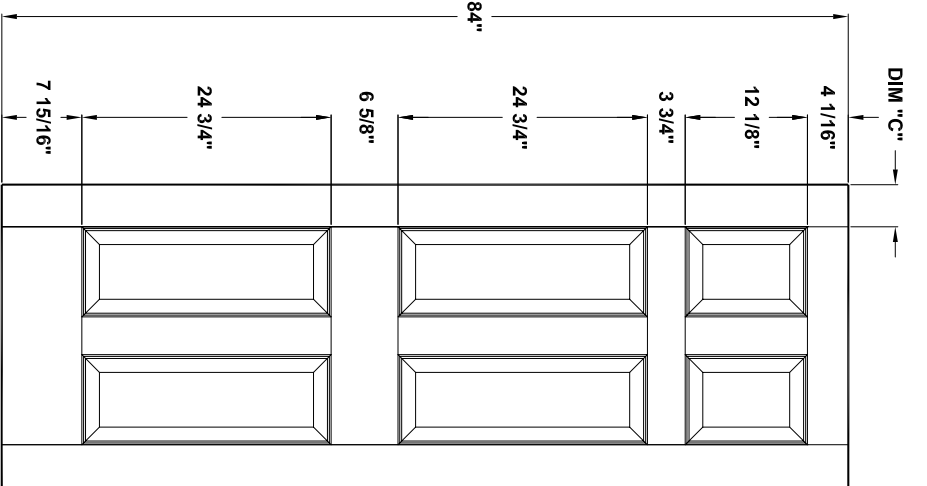

Specification sheet

Title **Ext. Door** Height **84"**

Creation date **2004-June-03**
 Prep. by: **J.C.**
 Revision date **2005-04-06** Rev. **2**
 Scale **nts**

K84-01

Door width	12" to 16"	18" to 22"	24" to 26"	28" to 36"
stile width "A"	N/A	4-3/16"	4-3/16"	4-3/16"
stile width "B"	N/A	N/A	N/A	4-3/16"
stile width "C"	N/A	N/A	4-3/16"	4-3/16"

Specification sheet

Title **Ext. Door** Height **84"**
 10 Lt, 15 Lt, 6 panel

Creation date **2004-June-03**
 Prep. by: **J.C.**
 Revision date **2005-04-06** Rev. **2**
 Scale nts

K84-02

Door width	12" to 16"	18" to 36"
stile width "A"	3-3/16"	4-3/16"

K84-03

Door width	12" to 14"
stile width "A"	2-3/16"

Specification sheet

Title
Ext Door 1 Lt, 5 Lt sidelites

Height
84 1/2"

Creation date	2004-June-03
Prep. by:	J.C.
Revision date	2005-04-06
Rev.	2
Scale	nts

Door width	12" to 14"
stile width "A"	2-3/16"

Specification sheet

Title
Ext Door 1 Lt, 6 Lt sidelites

Height
96 1/2"

Creation date	2004-June-03	
Prep. by:	J.C.	
Revision date	2005-04-06	Rev. 2
Scale	nts	

K96-04

++++++++++

→ Task instructions
Reproduce the material exactly; omit the pictures.

→ The answer
Specification sheet

Title **Ext. Door** Height **84"**

Creation date **2004-June-03**
 Prep. by: **J.C.**
 Revision date **2005-04-06** Rev. **2**
 Scale **nts**

K84-01

Door width	12" to 16"	18" to 22"	24" to 26"	28" to 36"
stile width "A"	N/A	4-3/16"	4-3/16"	4-3/16"
stile width "B"	N/A	N/A	N/A	4-3/16"
stile width "C"	N/A	N/A	4-3/16"	4-3/16"

Specification sheet

Title **Ext. Door** Height **84"**
 10 Lt, 15 Lt, 6 panel

Creation date **2004-June-03**
 Prep. by: **J.C.**
 Revision date **2005-04-06** Rev. **2**
 Scale nts

K84-02

Door width	12" to 16"	18" to 36"
stile width "A"	3-3/16"	4-3/16"

K84-03

Door width	12" to 14"
stile width "A"	2-3/16"

Specification sheet

Title
Ext Door 1 Lt, 5 Lt sidelites

Height
84 1/2"

Creation date	2004-June-03
Prep. by:	J.C.
Revision date	2005-04-06
Rev.	2
Scale	nts

Door width	12" to 14"
stile width "A"	2-3/16"

Specification sheet

Title
Ext Door 1 Lt, 6 Lt sidelites

Height
96 1/2"

Creation date	2004-June-03	
Prep. by:	J.C.	
Revision date	2005-04-06	Rev. 2
Scale	nts	

K96-04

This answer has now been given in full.